(Records from a data source)
• • •

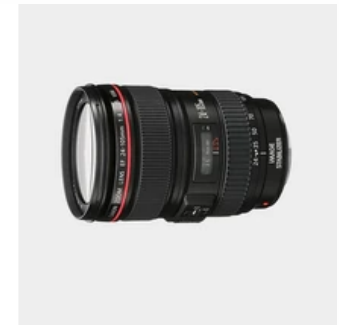

## LENTE SONY

Lente Sony-Zeiss  
24-70mm f: 4

Lente Sony-Zeiss  
55mm f: 1.8

Lente Sony-Zeiss  
16-35mm f: 4

Lente Sony  
70-200mm 2.8

## LENTE CANON

Lente Canon  
70-200 mm f: 2.8

Lente Canon  
24-70mm f: 2.8

Lente Canon  
16-35mm f: 2.8

Lente Canon  
24-105mm f: 4

Lente Canon Macro  
100mm f: 2.8

Lente Canon  
50mm f: 1.8

Lente Sigma  
15mm f: 2.8
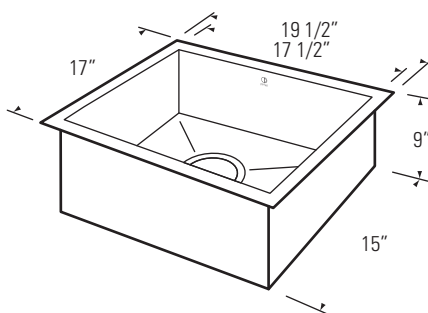

HANA - F

Model No. GBS1917

DESCRIPTION

Stainless Steel Undermount
Single Bowl Square Kitchen/Bar Sink

DIMENSIONS

Overall Size: 19 1/2 " x 17 " x 9 "
Weight: 7 lbs
Minimum Cabinet Width: 21 "

FEATURES

18 Gauge T304 Stainless Steel
StoneGuard Undercoat
Sound Dampening Rubber Padding
3 1/2" Drain Opening
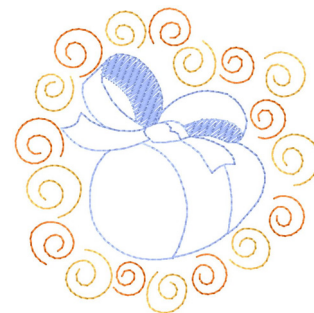

Name: Easter Egg Machine Embroidery Design

SKU: GSD01-RED737

Brand: Grand Slam Designs

Unique Colors: 13 (3 color Stops)

Unique Colors

	Color Name (Color Code)	Manufacturer - Type
	Super White (1001) [No Color Selected]	madeira - rayon
	Dusty Lilac (1263) [No Color Selected]	madeira - rayon
	Crocus (286)	Exquisite - Polyester 1000m
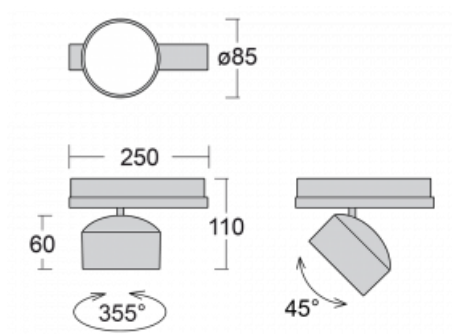

Technical drawing

Type of installation	3 circuit track
Light distribution	Direct
Luminaire shape	Circular
Colour of the luminaires	White
Material	Aluminium
Lifetime	L80/B20 50 000 hours
Warranty	5 years
Description of luminaires	Luminaire 3 circuit track
Dimensions	ø 85 mm × 110 mm
Weight	0.45 kg
Light source	LED MODUL
Type of optical system	Reflector
Luminous flux	2000 lm ± 10 %
Colour Temperature	4000 K cool white
Luminous efficacy	120 lm/W
MacAdam Light source	3
Colour rendering index	90
Beam angle	32°
UGR max. X=4H Y=8H, ρ=70,50,20	16.9
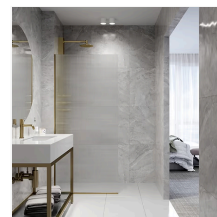

Alma Bianca 30" Vanity with Gold and Lucite Legs and Hardware

SPECIFICATIONS

Assembly Required	See installation guide	Available Sizes	30", 36", 42"
Cabinet Color	White	Cabinet Dimensions (without Top)	30"W x 21"D x 35"H
Cabinet Finish	Glossy	Commercial	Light Commercial
Counter Color	White	Counter Finish	Matte
Counter Overflow	Yes	Dimensions	30"x 21" x 35"
Faucet	Faucet Not Included	Glides	Soft Close
Location	Bathroom, Indoor	Made In	Spain
Number of Drawers	2	Residential	Yes
Sink Type	Integrated	Vanity Top Dimension	30.25"W x 21.25"D x .5 "H
Vanity Top Material	Solid Surface	Weight	50 lbs

Frequently Bought Together

Inspira Metallic Blue
2x2 Matte Porcelai...

Colorplay Steps
Nautical Blue 4.5x1...

Luxe Collection 30"
White Gloss Vanity

Nuvo 34x74
Reversible Fixed...

Acqua 60x58
Reversible Sliding

Dressed to impress

About The Vanity: The Alma Bianca 30" Vanity has a sleek high gloss white lacquer finish. The added decorative gold legs and lucite hardware elevate the look of this wall-mounted vanity to elite status. Complete with soft-closing storage drawers this vanity provides practical storage to your space. The included integrated countertop completes the ultimate clean modern look.

Bold colors and striking details

Made in Spain, the Alma Collection vanity collection boasts a unique drawer panel detail and is available in three sizes and six high gloss lacquer colorways. Add decorative gold or chrome legs, and optional lucite knobs for added flair. Soft closing drawers with ample storage space attend to your functional needs. Included is an integrated solid surface countertop pre-drilled for 8" spread faucet.

• • •

> _Exercise directions_: For this exercise, copy each line of the data above exactly, from the first through the line containing "Super White (1001)", and drop the pictures.

> _Written reply_:
## LENTE SONY

Lente Sony-Zeiss  
24-70mm f: 4

Lente Sony-Zeiss  
55mm f: 1.8

Lente Sony-Zeiss  
16-35mm f: 4

Lente Sony  
70-200mm 2.8

## LENTE CANON

Lente Canon  
70-200 mm f: 2.8

Lente Canon  
24-70mm f: 2.8

Lente Canon  
16-35mm f: 2.8

Lente Canon  
24-105mm f: 4

Lente Canon Macro  
100mm f: 2.8

Lente Canon  
50mm f: 1.8

Lente Sigma  
15mm f: 2.8

HANA - F

Model No. GBS1917

DESCRIPTION

Stainless Steel Undermount
Single Bowl Square Kitchen/Bar Sink

DIMENSIONS

Overall Size: 19 1/2 " x 17 " x 9 "
Weight: 7 lbs
Minimum Cabinet Width: 21 "

FEATURES

18 Gauge T304 Stainless Steel
StoneGuard Undercoat
Sound Dampening Rubber Padding
3 1/2" Drain Opening

Name: Easter Egg Machine Embroidery Design

SKU: GSD01-RED737

Brand: Grand Slam Designs

Unique Colors: 13 (3 color Stops)

Unique Colors

	Color Name (Color Code)	Manufacturer - Type
	Super White (1001) [No Color Selected]	madeira - rayon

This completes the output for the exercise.